Chippewas of Georgina Island First Nation (Waaseyaagmiing Anishinaabek) are an Ojibwa (or Anishinaabeg) people located on Georgina Island in Lake Simcoe, Ontario, Canada. In 2008, of the First Nation's registered population of 666 people, 181 lived on, and 485 lived outside, their reserve. As of 2020, the band has a total population of 923 members. They are one of a handful of First Nations in the Toronto Census Metropolitan Area.

==Geography==

The First Nation has three reserves: the Chippewas of Georgina Island First Nation Indian Reserve, the Chippewas of Georgina Island First Nation 33A Indian Reserve and the shared Chippewa Island Indian Reserve.

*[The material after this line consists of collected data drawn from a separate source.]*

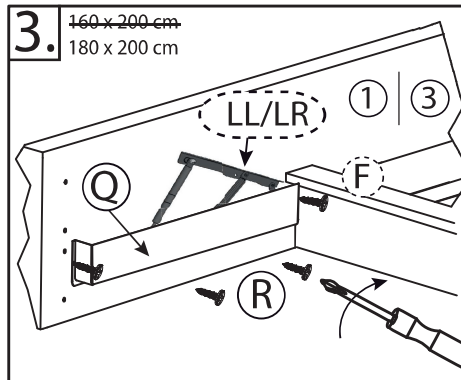

MATTIS BK by meise

4

1.

2.

3.

5

The main reserve consists of a small parcel of land near Virginia Beach and three islands on the southern shores of Lake Simcoe:

- Georgina Island
- Snake Island
- Fox Island

The Chippewas of Georgina Island First Nation 33A reserve is a 1.3 hectare parcel of land separated from the mainland portion of the Chippewas of Georgina Island First Nation reserve by Black River Road and the private properties along it.

The Chippewa Island reserve is a 3.1 hectare reserve consisting of two islands near the Moose Deer Point First Nation in Twelve Mile Bay of Georgian Bay. It is shared with the Chippewas of Rama First Nation and the Beausoleil First Nation.

==Government==

The reserve government consists of a five-member band council with four councillors and a Chief.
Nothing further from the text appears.